Other Analytical Lines

Notice in addition to the ‘Y-axis Constant Line,’ there are many other analytical lines you can apply to your visual some of which are described below:

  • TREND LINE: turn on to show an upwards/downwards trend – especially useful for analysing performance data over time
  • MIN LINE: click on ‘+ add line’ to show the lowest data point on a line chart – really helpful to identify the ‘bottom line’ of any business
  • FORECAST LINE: turn on to show a ‘projected’ line appearing after the last data point. This line can be set over an extended time period of your choice – great for any future business planning

Finally, the analytical lines are only available in specific visuals.

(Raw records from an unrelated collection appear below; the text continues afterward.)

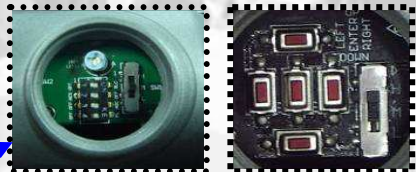

Concealed cable bracket

RVK-2W series

YOKO TECHNOLOGY CORP.

Structure

Movable sunshield

IR level / OSD & function switch

External Focus-Adjustment

Concealed cable bracket & Adjust 2-Axis Bracket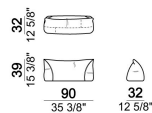

**SEAT HEIGHT:** 44 cm; 46,5 cm (with feet h. 8 cm).

**HEIGHT WITH BACK CUSHION:** 83 cm (with cushion h. 39 cm); 93 cm (with cushion h. 49 cm).

**FEET:** plastic, h. 5,5 cm.

**On request feet can be supplied 8 cm high without extra-charge.**

Composition "C" (seat unit B1.26 + seat unit B1.25 + 2 back cushions 120x49 cm).

nightC

Seat unit B4

6110331

Composition "I" (corner seat unit B6 + seat unit B5.34 + 3 back cushions 90x49 cm).

nightI

Composition "E" (2 corner seat units B6 + 2 back cushions 90x49 cm + 2 back cushions 90x39 cm)

nightH

Composition "A" (seat unit B2.27 + seat unit A2 + 2 back cushions 90x49 cm + 1 back cushion 120x49 cm).

nightA

Back cushion 90x39 cm

7110363

Composition "C" (corner seat unit B6 + seat unit A1 + 2 back cushions 90x49 cm + 1 back cushion 120x49 cm).

nightC

Seat unit B3

6110329

Back cushion 120x49 cm

7110362

Composition "F" (seat unit B5.34 + seat unit B2.28 + corner seat unit B6 + 3 back cushions 90x49 cm + 1 back cushion 90x39 cm + 1 back cushion 120x49 cm).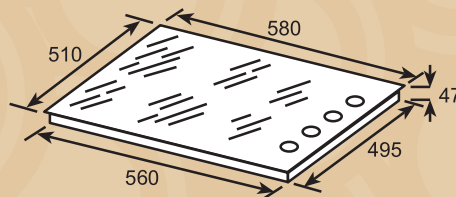

- Removable fan filter
- Push-pull knobs
- Fan cooling system
- 2 oven lights
- Double glass oven door
- 2 oven grids
- 2 baking trays for different dishes
- 1 enamelled deep tray
- Internal removable and telescopic lateral grids
- Usable oven volume: 50 litres
- Maximum rated input: 2.100W
- Voltage: 230V - 50Hz

Inclusions

- Side control
- Safety lock
- 4 high light zones:
2 x 145mm 1.200W
1 x 180mm 1.800W
- 1 dual zone:
120mm 700W
210mm 2.100W
- Working indicator
- Residual heat indicator
- Overflow safety device

Cut out 560mm x 495mm

Astivita Built in ceramic hob

BATHROOMS & KITCHENS - 600mm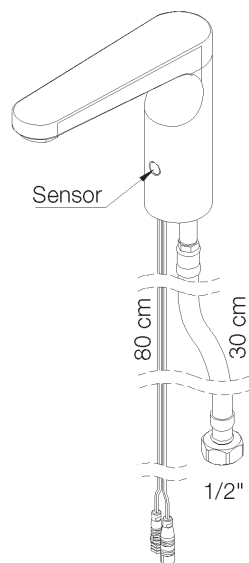

**PRODUCT TECHNICAL SHEET**

Collection :

**GLOVE**

Ref. :

**5081.11.33**

Robinet de lave-mains Infrarouge sur secteur, froid

Infrarood fonteinkraan op netspanning, koud

Infrared washbasin tap mains-powered, cold

**Picture**

**Product details**

- Flow at 3 bar : Restricted 5 l/min
- Internal mechanism : Mechanism servo-motor, classic cartridge with ceramic discs for optimum reliability
- Power consumption : 4 W, Standby 0,1W  
Input 110-230 V-AC @ 50-60 Hz  
Output 7,5 V-DC
- Unit : Adjustable infrared detector with remote control (not included, ref. 8055.00.91)  
Factory pre-set
- Security : Low voltage.  
Automatic closing in case of power failure

**Technical drawing**

RA0.V01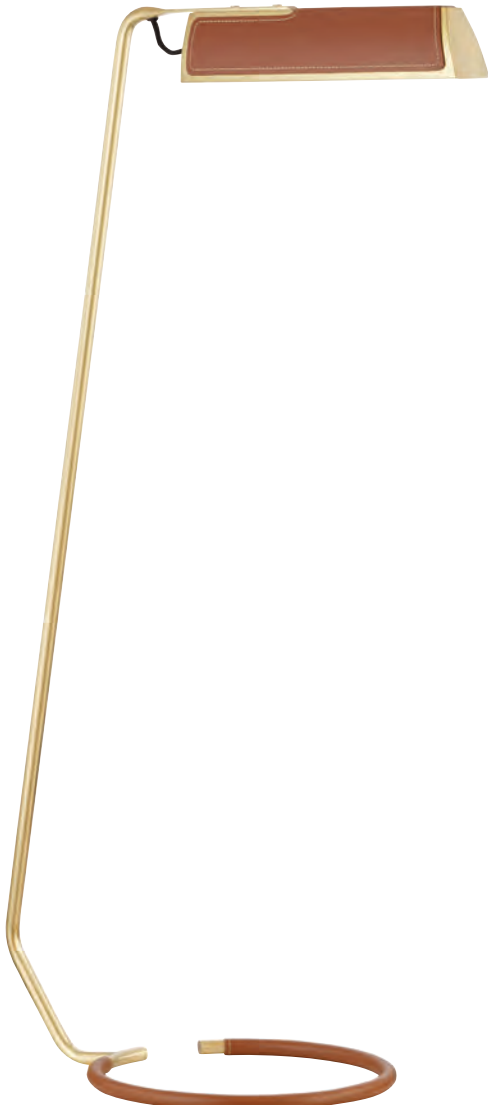

HOLTSVILLE

L1297-AGB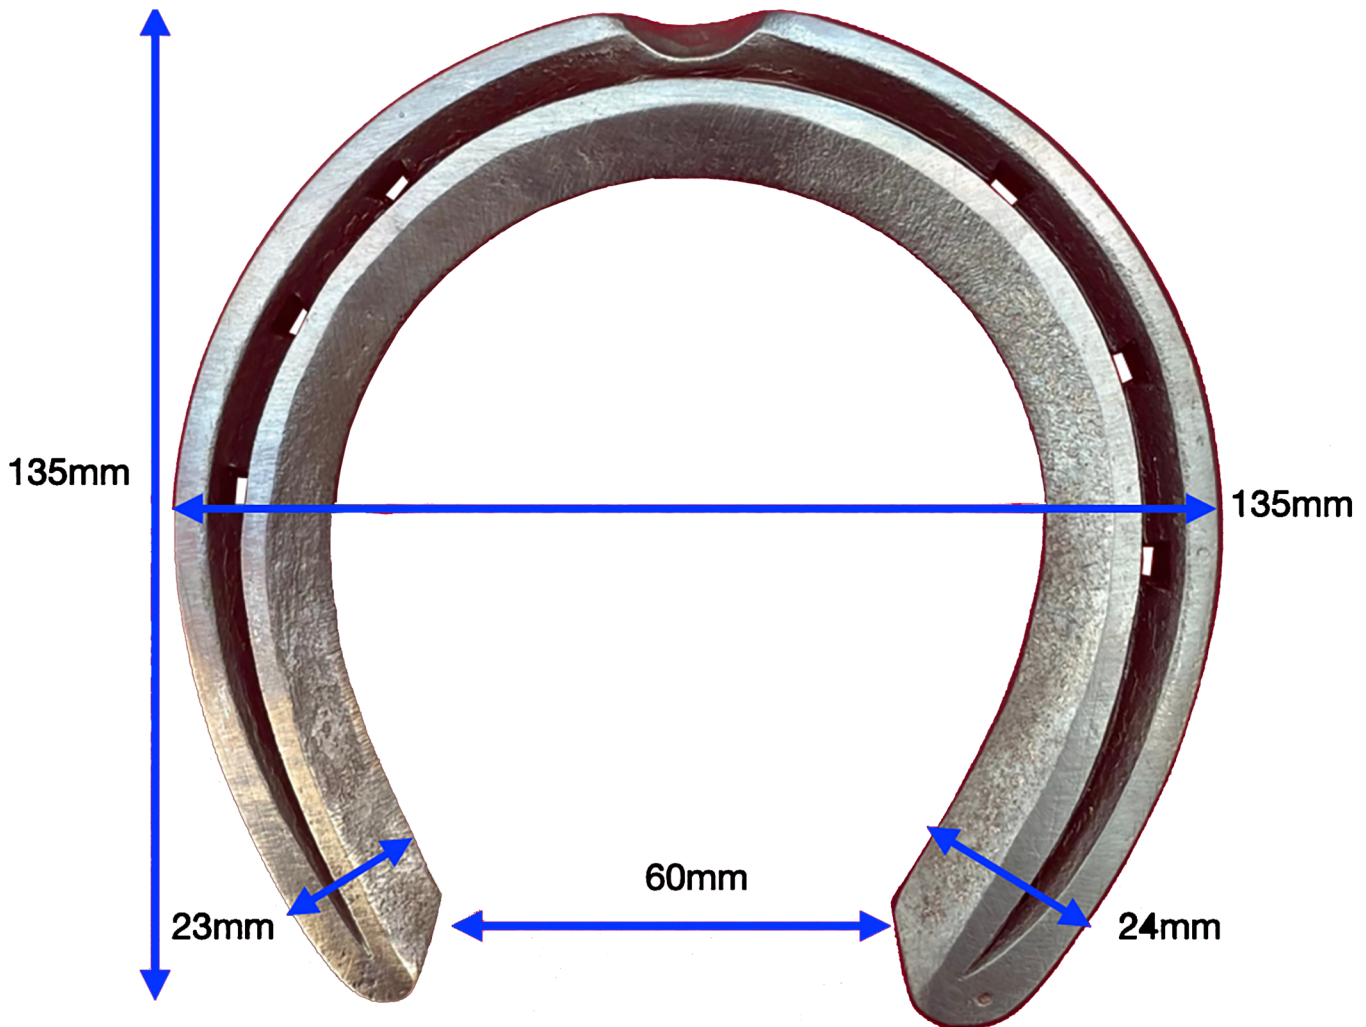

Concave Front
Rasping
20x10 mm
Nail: E4 Slim
55min

Div. 1
Class 1
Shoe B

No cutting or swage blocks

SM 2023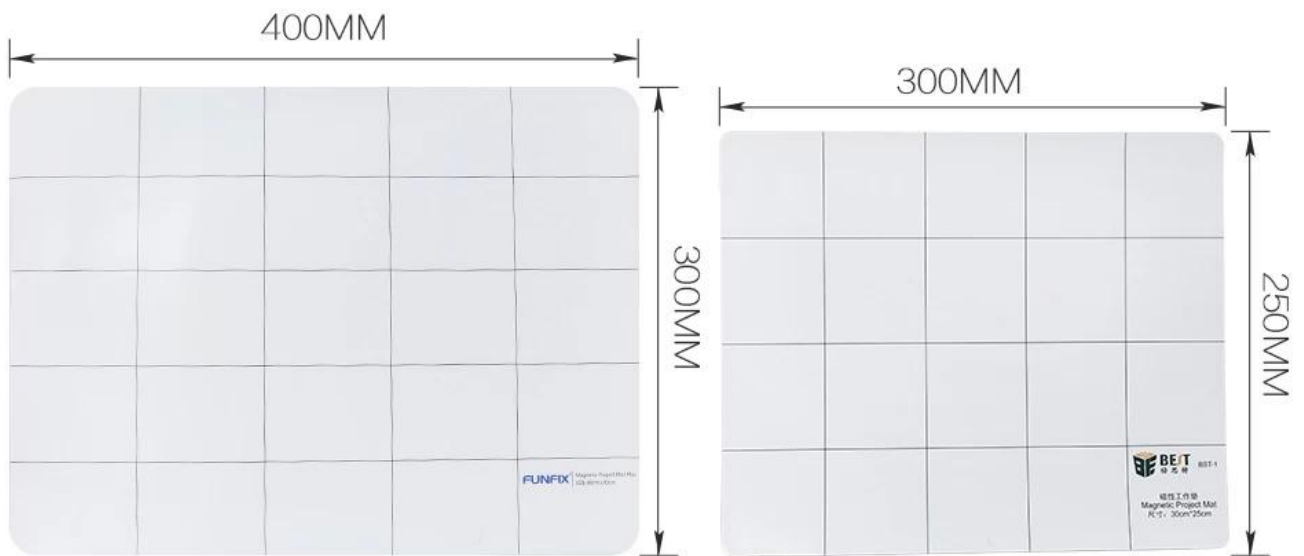

Product Description

This mat makes it easier. Simply organizes all your parts while you work on a device.

Dry erase surface lets you keep notes and stops mistakes.

Reduces reassembly time by up to 40% while preventing errors.

Magnetic surface is safe for hard drives and other modern electronics.

It fits on all the models listed below ,ideal for DIY parts in repairs.

PRODUCT DISPLAY

PRODUCT SIZE

WEIGHT:195G(ONE)

WEIGHT:320G(ONE)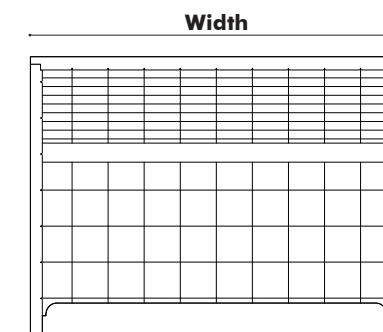

Finishes

Upholstery in fabric collections CAT A, B, C, D
(check our application overview p. 312)

Options

Backpanel in other color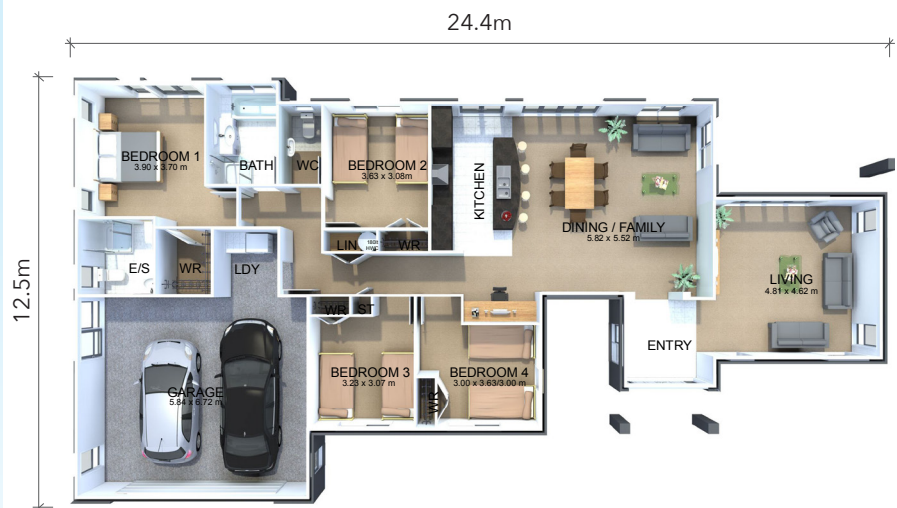

# MARIA

221m<sup>2</sup>
 4
 2
 2
 2

Elegantly designed, the popular Maria plan provides both style and function to the discerning homeowner.

## HOME FEATURES

- Four bedrooms with ensuite and walk-in wardrobe to master bedroom
- Galley kitchen with appliances
- Double garage with laundry
- Open plan dining and family with separate formal living
- Computer nook

## HOME DIMENSIONS

**Length:** 24.4m

**Width:** 12.5m

**Area over brick:** 221.01m<sup>2</sup>

**Area over framing:** 210.88m<sup>2</sup>

## A GENERATION FOR LIFE PLAN

Generation for Life Plans provide easy access in and around your home. Designs such as widening passages and doorways, lowering benches and switches or even designing a bathroom or wardrobe to suit, can really make life a whole lot easier.

They are:

  • LINE CHART
  • COLUMN CHART
  • BAR CHART

Conclusion

Trends, targets, and forecasting are one of many other analytical lines that can really enable you to track and monitor your performance data more efficiently. Using the Analytics pane in Power BI will definitely help to achieve this goal. This will enable you to work on your business’s profitability gains.